France’s lower house of parliament, the National Assembly, has approved a measure to suspend a contentious pension reform, a key aspect of the government’s fiscal consolidation efforts. The vote, which passed by 255 to 146 on Wednesday, follows a significant concession by Prime Minister Sébastien Lecornu to the Socialist Party.
This development comes as France struggles to rein in its budget deficit, which has become the largest in the euro zone. The country’s public deficit hit 5.8% of GDP in 2024, totalling €168.6 billion, a figure well above the maximum allowed by EU rules.

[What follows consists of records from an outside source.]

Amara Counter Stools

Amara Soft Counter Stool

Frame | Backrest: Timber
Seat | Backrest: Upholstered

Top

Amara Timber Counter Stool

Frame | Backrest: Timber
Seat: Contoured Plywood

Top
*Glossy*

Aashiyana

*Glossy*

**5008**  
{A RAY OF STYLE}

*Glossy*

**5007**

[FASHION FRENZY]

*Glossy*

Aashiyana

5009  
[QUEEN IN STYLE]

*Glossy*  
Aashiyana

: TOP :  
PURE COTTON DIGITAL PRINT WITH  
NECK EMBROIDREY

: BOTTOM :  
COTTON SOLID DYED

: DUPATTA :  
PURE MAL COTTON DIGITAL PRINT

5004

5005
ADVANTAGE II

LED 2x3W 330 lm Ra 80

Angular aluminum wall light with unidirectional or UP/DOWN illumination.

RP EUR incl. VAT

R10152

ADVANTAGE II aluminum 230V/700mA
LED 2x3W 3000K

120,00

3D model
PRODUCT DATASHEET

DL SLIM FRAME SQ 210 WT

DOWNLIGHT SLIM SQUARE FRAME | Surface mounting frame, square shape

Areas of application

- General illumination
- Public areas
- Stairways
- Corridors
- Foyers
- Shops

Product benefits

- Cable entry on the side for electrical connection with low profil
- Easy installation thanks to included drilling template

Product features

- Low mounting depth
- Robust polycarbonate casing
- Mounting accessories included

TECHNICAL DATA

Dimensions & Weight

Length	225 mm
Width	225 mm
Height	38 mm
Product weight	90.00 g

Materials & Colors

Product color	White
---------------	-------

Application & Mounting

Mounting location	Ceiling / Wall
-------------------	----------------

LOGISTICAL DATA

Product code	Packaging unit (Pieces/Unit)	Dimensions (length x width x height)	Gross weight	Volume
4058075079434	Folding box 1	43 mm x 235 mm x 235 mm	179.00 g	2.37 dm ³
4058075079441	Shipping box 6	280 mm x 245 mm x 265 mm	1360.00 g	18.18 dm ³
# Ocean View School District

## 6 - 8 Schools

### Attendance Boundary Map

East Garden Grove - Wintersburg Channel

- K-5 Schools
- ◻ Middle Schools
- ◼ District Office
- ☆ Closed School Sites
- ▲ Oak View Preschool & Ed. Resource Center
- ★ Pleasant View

Pension Reform and Budget Deficit
The suspension of the pension reform is a major concession to the Socialist Party, which had been pushing for the retirement age to remain at 62 years and nine months. The original plan, introduced by President Emmanuel Macron, aimed to raise the pension age to 64. However, this move was met with significant opposition, leading to the current compromise.

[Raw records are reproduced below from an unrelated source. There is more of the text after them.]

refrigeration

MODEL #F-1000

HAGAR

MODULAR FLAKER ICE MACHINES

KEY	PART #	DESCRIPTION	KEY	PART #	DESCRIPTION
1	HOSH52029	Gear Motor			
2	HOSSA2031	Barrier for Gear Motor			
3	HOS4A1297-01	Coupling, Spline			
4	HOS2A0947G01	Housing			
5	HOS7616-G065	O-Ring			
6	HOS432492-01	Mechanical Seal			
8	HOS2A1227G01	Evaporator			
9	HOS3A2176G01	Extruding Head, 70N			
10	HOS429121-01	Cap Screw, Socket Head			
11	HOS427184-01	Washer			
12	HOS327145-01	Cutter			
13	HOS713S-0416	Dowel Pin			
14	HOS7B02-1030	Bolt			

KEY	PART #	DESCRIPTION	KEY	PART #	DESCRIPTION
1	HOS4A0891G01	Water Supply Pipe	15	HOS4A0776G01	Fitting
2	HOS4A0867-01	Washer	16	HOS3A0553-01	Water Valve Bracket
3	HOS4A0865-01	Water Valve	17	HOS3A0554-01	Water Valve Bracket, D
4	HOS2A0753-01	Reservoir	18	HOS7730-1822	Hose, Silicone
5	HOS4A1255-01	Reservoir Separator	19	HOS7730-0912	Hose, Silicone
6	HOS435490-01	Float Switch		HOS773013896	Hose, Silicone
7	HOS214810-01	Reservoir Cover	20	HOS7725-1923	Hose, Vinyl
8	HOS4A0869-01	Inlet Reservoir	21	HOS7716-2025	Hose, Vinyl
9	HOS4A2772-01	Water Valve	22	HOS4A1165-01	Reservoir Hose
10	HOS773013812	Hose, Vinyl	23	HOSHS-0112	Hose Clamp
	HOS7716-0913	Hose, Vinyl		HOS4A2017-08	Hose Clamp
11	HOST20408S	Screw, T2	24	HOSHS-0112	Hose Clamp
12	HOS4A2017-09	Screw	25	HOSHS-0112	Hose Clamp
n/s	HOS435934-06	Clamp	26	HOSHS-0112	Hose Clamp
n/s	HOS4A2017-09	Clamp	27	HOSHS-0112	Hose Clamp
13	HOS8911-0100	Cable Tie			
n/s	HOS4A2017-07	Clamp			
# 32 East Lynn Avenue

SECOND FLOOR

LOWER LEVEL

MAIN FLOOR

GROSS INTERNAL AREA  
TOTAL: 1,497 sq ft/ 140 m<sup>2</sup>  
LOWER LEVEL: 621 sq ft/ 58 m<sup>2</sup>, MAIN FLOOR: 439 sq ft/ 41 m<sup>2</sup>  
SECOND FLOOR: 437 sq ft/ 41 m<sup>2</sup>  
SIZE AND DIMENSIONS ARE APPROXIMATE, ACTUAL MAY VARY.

According to the agreement, three and a half million French people will be able to retire earlier. Socialist MP Melanie Thomin hailed the decision, stating that it demonstrates the effectiveness of consensus-building. However, this concession is likely to undermine the government’s target of trimming the deficit by €30 billion.

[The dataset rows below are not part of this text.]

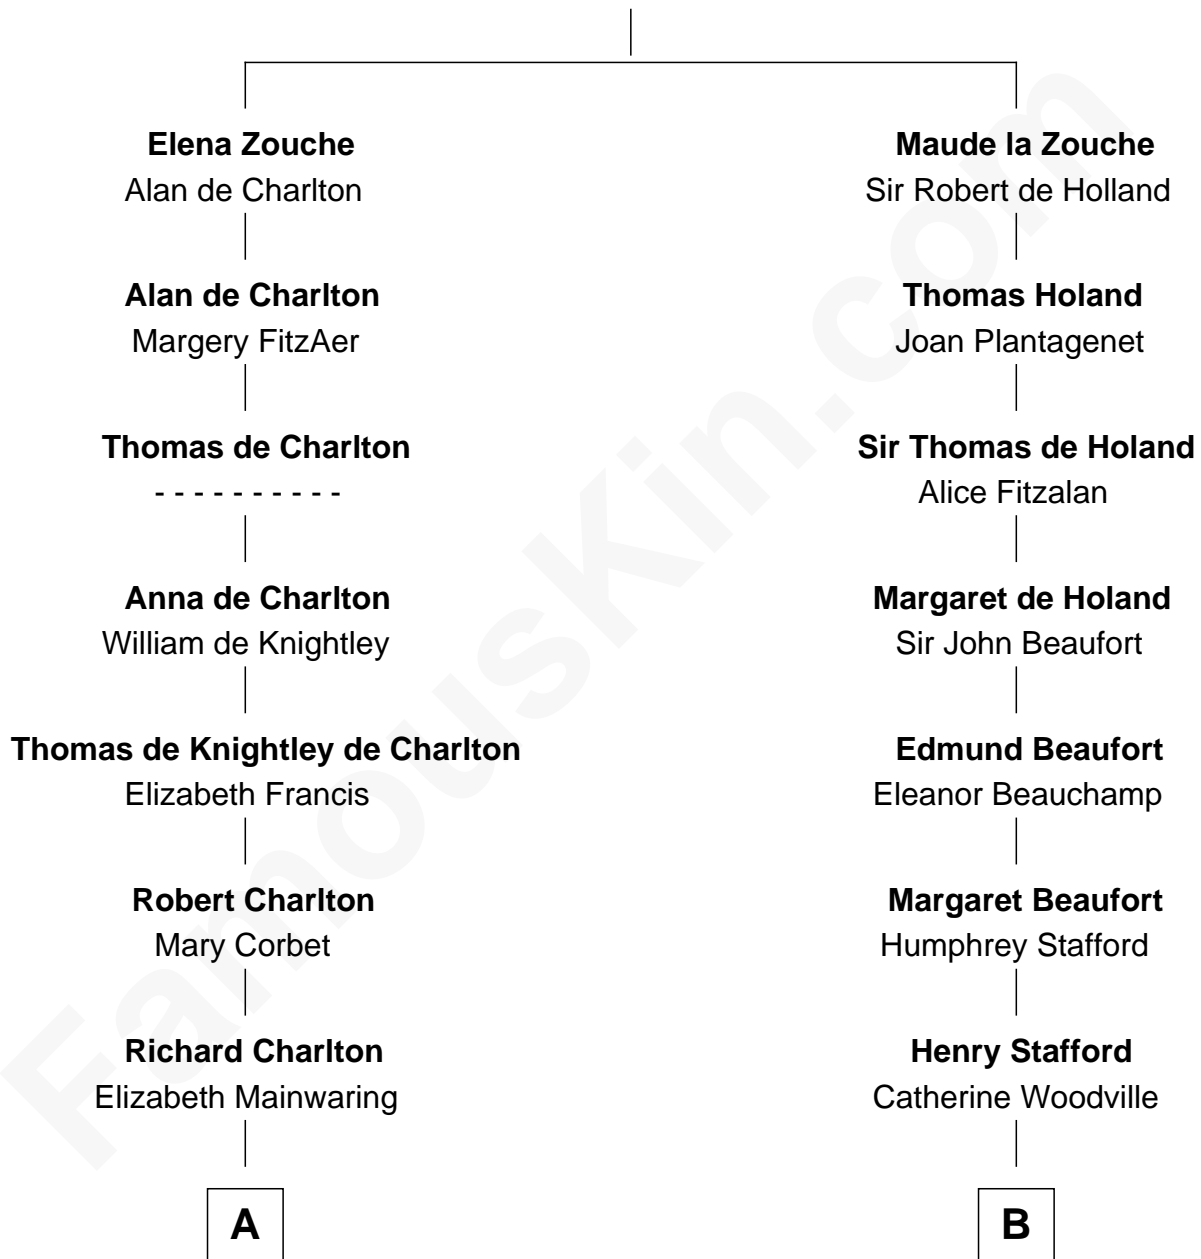

## Relationship Chart of

### Samuel Prescott

*Completed Paul Revere's Midnight Ride*

15th cousin 3 times removed of

### Lewis Carroll

*Author of Alice in Wonderland*

**Sir Alan la Zouche**  
Eleanor de Segrave

**C**

**Frances Jane Lutwidge**  
Rev. Charles Dodgson

**Lewis Carroll**  
*Author of Alice in Wonderland*

FamousKin.com

Implications for France’s Budget
The final shape of the budget remains unclear, with no revised estimate published yet. The costly concessions made by the government, including the suspension of the pension reform, are expected to have a significant impact on France’s fiscal trajectory. Investors and some of France’s European partners are watching the situation closely, as the country’s political turmoil continues to affect its economic stability.
Meanwhile, the government faces pressure to meet EU fiscal rules. The European Commission has been monitoring France’s budget deficit closely, and further action may be taken if the country fails to comply with EU regulations. In this context, the government’s ability to balance its budget while addressing social concerns will be crucial.
Next Steps
Lawmakers will need to back the whole social security bill in a final vote at a later stage for the suspension of the pension reform to take effect. The outcome of this vote remains uncertain, and the government’s efforts to navigate the complex budget debates will be closely watched. As France continues to grapple with its fiscal challenges, the path forward will depend on the government’s ability to strike a balance between fiscal consolidation and social welfare.
For now, the focus remains on the upcoming vote and the government’s efforts to stabilize France’s economy. As the situation unfolds, observers will be watching closely to see how the government addresses the country’s fiscal challenges while meeting the needs of its citizens.